══ EXCERPTED RECORDS

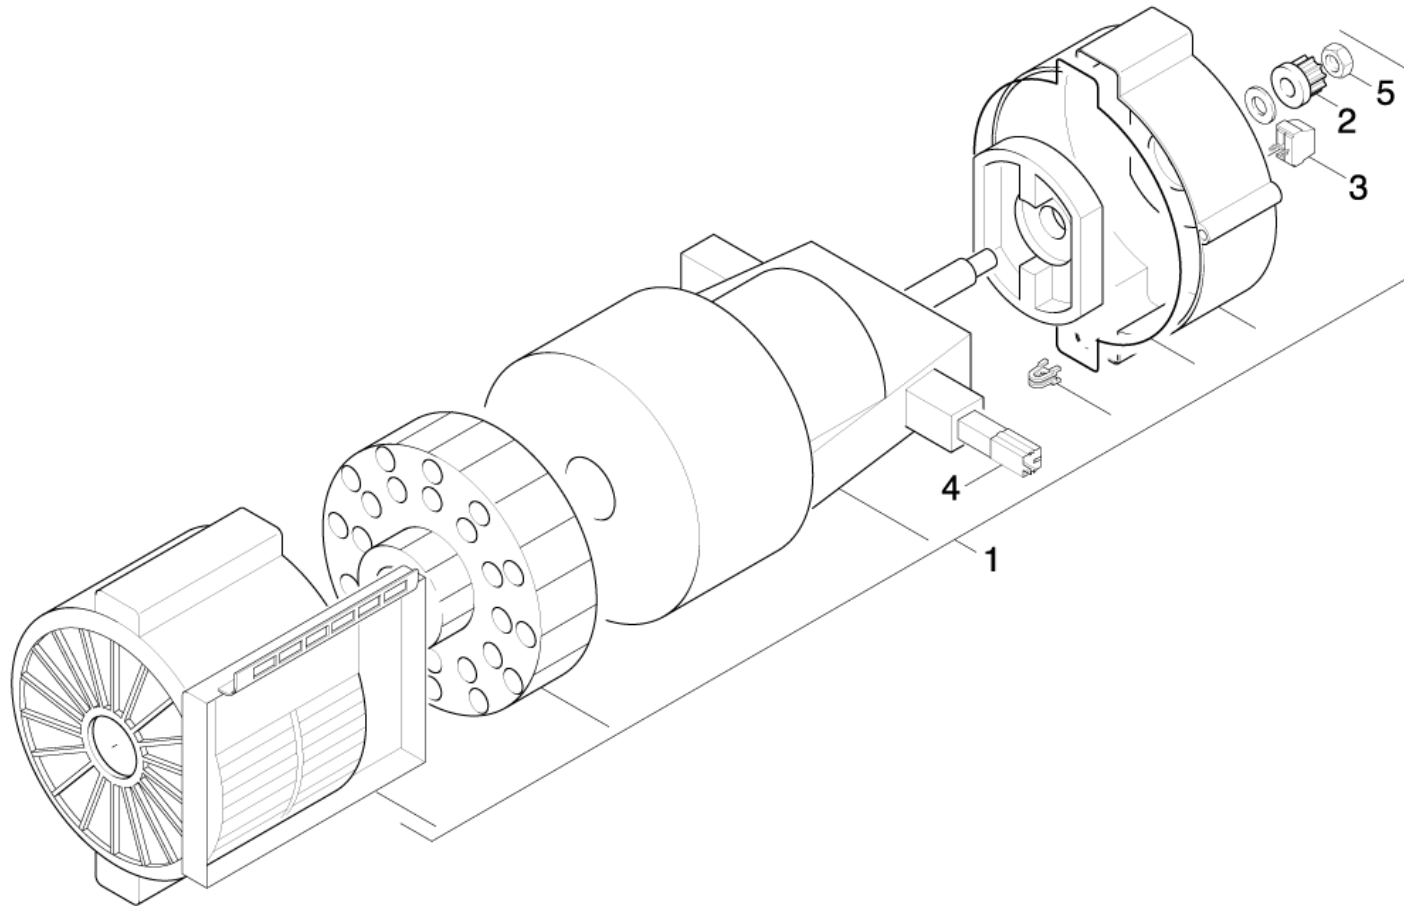

30 Vacuum motor

Professional \ Vacuum cleaner \ Dry vacuum cleaner \ CV 30/1 *JP \ Spare parts list CV 38/1 *JP \ Vacuum motor

30 Vacuum motor

Professional \ Vacuum cleaner \ Dry vacuum cleaner \ CV 30/1 *JP \ Spare parts list CV 38/1 *JP \ Vacuum motor

POS	Article no.	Description	Quantity	Unit
1	4.060-596.0	Motor housing complete	1	PC
2	5.352-085.0	Pinion	1	PC
3	6.643-551.0	Strip terminal	1	PC
4	6.610-249.0	Carbon brush set 120V	1	PC
5	7.311-431.0	Hexagon nut M5-1.4305 DIN 985	1	PC
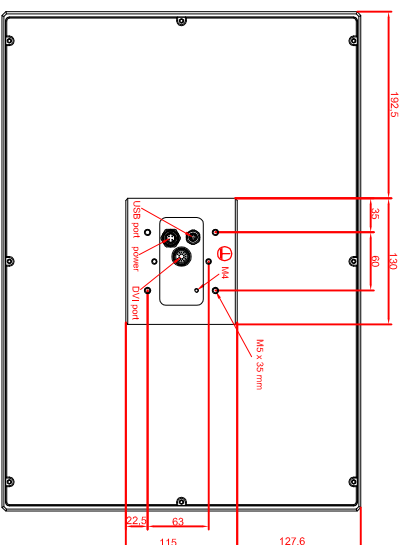

front view

left view

rear view

CP7922-0000-M235

connection-console

Rittal CP6508.020

Rittal CP6501.170

main dimensions and
fixing points

front view

left view

rear view
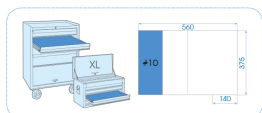

2548MRE

M 1/4" Metric hex socket set with accessories - 48 pcs

LxW Dimensions (mm) : 389 x 185 x 66

Empty box : 820002K

Weight (kg) : 1.79

- 6-point sockets
- Metric
- 820002K Handy case
- EVA #10 (375 x 140 mm)

		Series		Content
		1/4"	2335M	4, 4.5, 5, 5.5, 6, 7, 8, 9, 10, 11, 12, 13, 14
		1/4"	2235M	4, 4.5, 5, 5.5, 6, 7, 8, 9, 10, 11, 12, 13, 14
		1/4"	1025H	H3, H4, H5, H6, H7, H8, H10
		1/4"	1025S	3.0, 4.5, 5, 6.5, 8
		1/4"	1025P	PH0, PH1, PH2, PH3
			2752G	275206G
			2178DF	2178DF
			2792	2792
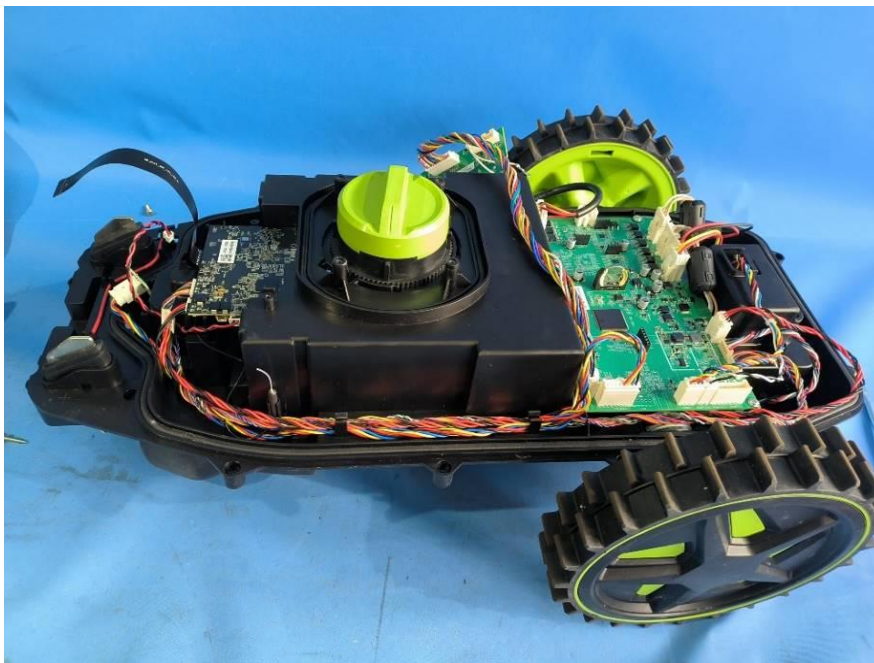

SGS-CSTC Standards Technical Services (Shanghai) Co., Ltd.

Page: 1 of 27

Internal Photos for SHCR2402000269PT

EUT Constructional Details (EUT Photos)

RF Antenna
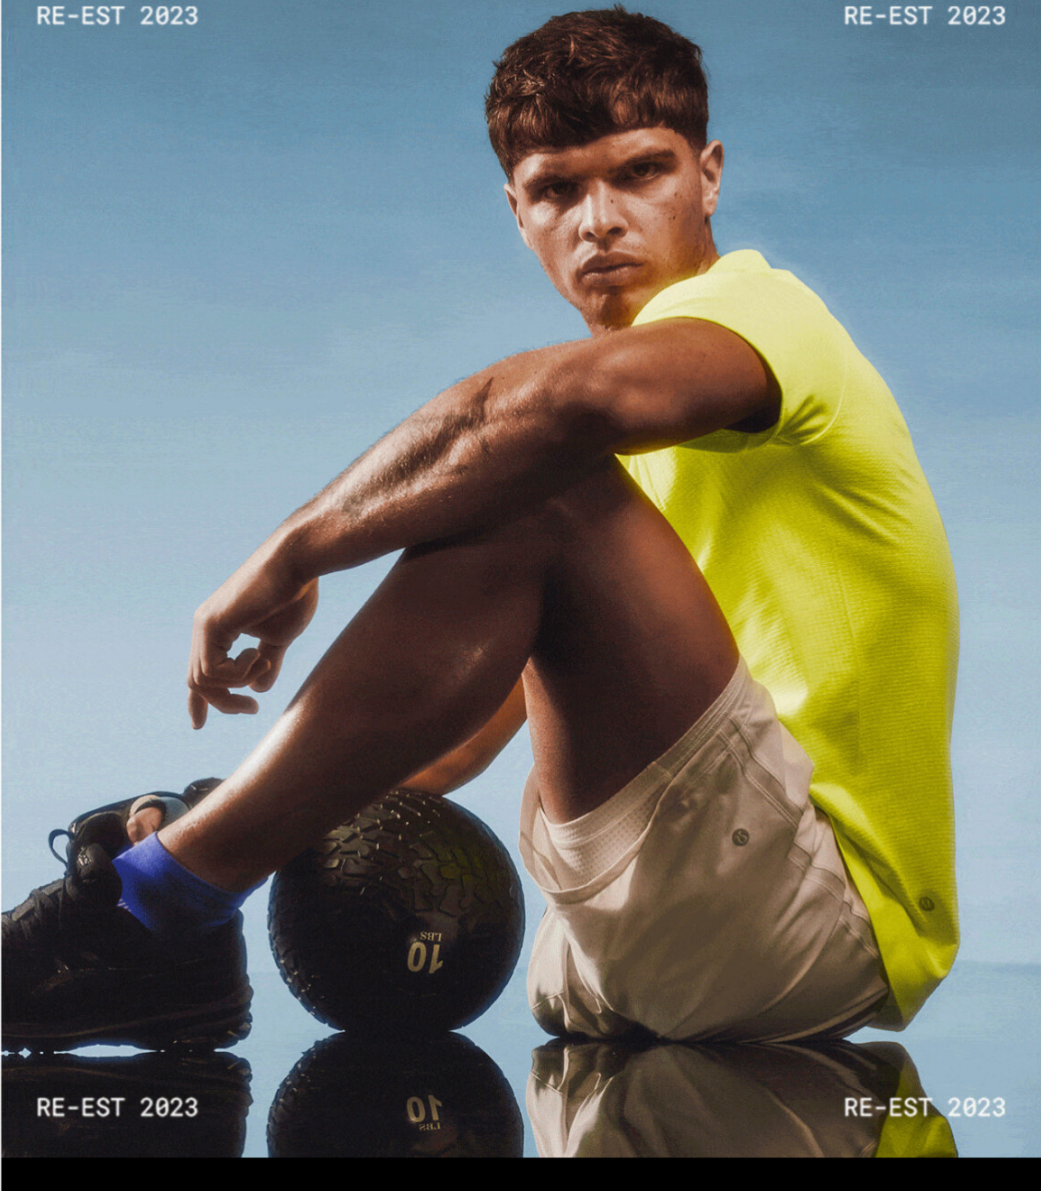

RE-EST 2023

RE-EST 2023

RE-EST 2023

RE-EST 2023

════

- [YOUR TASK]:
Send back the data above verbatim, leaving out its pictures.

- [FINAL ANSWER]:
30 Vacuum motor

Professional \ Vacuum cleaner \ Dry vacuum cleaner \ CV 30/1 *JP \ Spare parts list CV 38/1 *JP \ Vacuum motor

30 Vacuum motor

Professional \ Vacuum cleaner \ Dry vacuum cleaner \ CV 30/1 *JP \ Spare parts list CV 38/1 *JP \ Vacuum motor

POS	Article no.	Description	Quantity	Unit
1	4.060-596.0	Motor housing complete	1	PC
2	5.352-085.0	Pinion	1	PC
3	6.643-551.0	Strip terminal	1	PC
4	6.610-249.0	Carbon brush set 120V	1	PC
5	7.311-431.0	Hexagon nut M5-1.4305 DIN 985	1	PC

front view

left view

rear view

CP7922-0000-M235

connection-console

Rittal CP6508.020

Rittal CP6501.170

main dimensions and
fixing points

front view

left view

rear view

2548MRE

M 1/4" Metric hex socket set with accessories - 48 pcs

LxW Dimensions (mm) : 389 x 185 x 66

Empty box : 820002K

Weight (kg) : 1.79

- 6-point sockets
- Metric
- 820002K Handy case
- EVA #10 (375 x 140 mm)

		Series		Content
		1/4"	2335M	4, 4.5, 5, 5.5, 6, 7, 8, 9, 10, 11, 12, 13, 14
		1/4"	2235M	4, 4.5, 5, 5.5, 6, 7, 8, 9, 10, 11, 12, 13, 14
		1/4"	1025H	H3, H4, H5, H6, H7, H8, H10
		1/4"	1025S	3.0, 4.5, 5, 6.5, 8
		1/4"	1025P	PH0, PH1, PH2, PH3
			2752G	275206G
			2178DF	2178DF
			2792	2792

SGS-CSTC Standards Technical Services (Shanghai) Co., Ltd.

Page: 1 of 27

Internal Photos for SHCR2402000269PT

EUT Constructional Details (EUT Photos)

RF Antenna

RE-EST 2023

RE-EST 2023

RE-EST 2023

RE-EST 2023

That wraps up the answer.